Corpus analysis with TaPORware
McMaster University makes available on the web a series of great text analysis tools called TAPoRware. Using these tools, you can create word lists, concordances and collocations from plain-text corpuses that you’ve collected.
The concordance
As described above, a concordance is a list of words that occur in a text along with the context the words occur in. Compiling a concordance for non-digital texts is a painstaking task, involving scouring a text for all occurences of a particular word and copying over the relevant context. Making a concordance of a digital text, however, is comparatively straightforward. Using TAPoRware’s Find Text - Concordance to make a concordance of a plain-text file is easy. Here are the steps:
- Collect your corpus in a text file.
- Select “Local text file” in the “Source text” box and click “Choose File” to select your corpus file. (You can also use the URL option to work with a text already on the web)
- Enter the word or pattern (e.g., a series of words) that you want to find in the “Word/Pattern” box.
- The “Context for concordance” options control how much context will be shown. Adjust to your preferences!
- Select a way to display the results. We’ll use the tab-delimited output in a second to create output that looks more like a poem than a table.
Click submit, wait a few seconds, and then view the results.

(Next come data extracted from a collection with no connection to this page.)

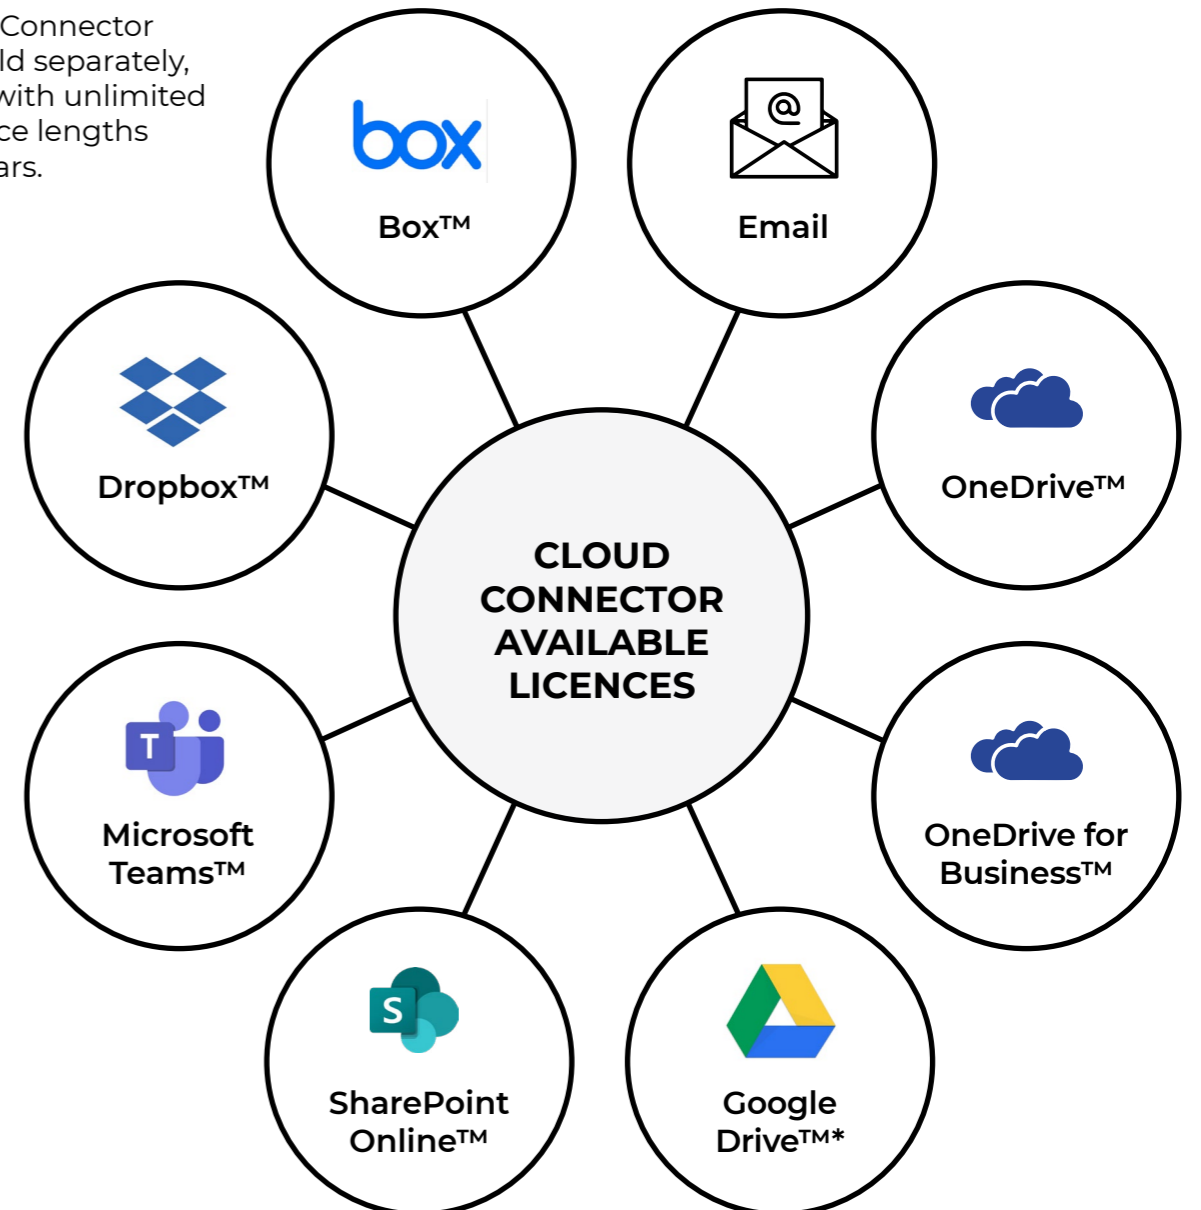

INFORMATION SECURITY

Maintaining the security and compliance of devices, documents and data working environments.

STRONGER SECURITY

- Secure print and scan with individual PIN code authentication
- Maximise workflow efficiency without compromising on security

Each Cloud Connector licence is sold separately, per device, with unlimited users. Licence lengths start at 3 years.

*Cloud Connector for Google Drive available in 2024.

EXPLORE FURTHER

Find out more about our full range of Cloud Connectivity Solutions

Formatting concordance output
If you used the plain-text option, the text you see will look something like this:
48 entries found.
; the evil being the
good or evil . The
, and evil with malefic
are uniformly evil in effect
, are evil in their
when in evil aspect ;
be are evil or unfortunate
the other evil Mars .
conjunction or evil aspect .
not in evil aspect ,
good or evil . When
prevalence of evil aspects to
birth in evil aspect to
, in evil aspect to
by the evil aspects of
unafflicted by evil aspects or
aspects or evil positions .
or other evil aspect of
. IN EVIL ASPECT .
conjunction or evil aspect with
free from evil aspects ,
, in evil aspect to
those in evil aspect will
The formatting is weird because there are tab characters between each “field” (the fields being: context before your search term, the search term, and context after the search term). If you want, you can easily remove those tabs using TextMechanic’s Remove Extra Spaces tool. Paste in the text, click “Remove Extra Spaces,” and voila, a poem:
; the evil being the
good or evil . The
, and evil with malefic
are uniformly evil in effect
, are evil in their
when in evil aspect ;
be are evil or unfortunate
the other evil Mars .
conjunction or evil aspect .
not in evil aspect ,
good or evil . When
prevalence of evil aspects to
birth in evil aspect to
, in evil aspect to
by the evil aspects of
You can use this trick with text you cut-and-paste from many of the tools discussed in this tutorial.
Word lists
The TAPoRware site also has functionality for getting a unique list of words, along with their count, from any given text. Use the List Words tool. You’ll see something like this:
Keep the “Words limited to” and “Results” fields using their defaults for now. Click Submit and you’ll see something like this:
… or, a list of the most common words in the text. I think of this as a kind of poem based on the content of the document.
Stemmers and lemmas
If you select the “Apply inflectional stemmer” option in the concordance tool, the procedure will attempt to count all forms of a word as a single word in its counting operation. That means that “run”, “runs”, “running” and “ran” would all be counted as the same word.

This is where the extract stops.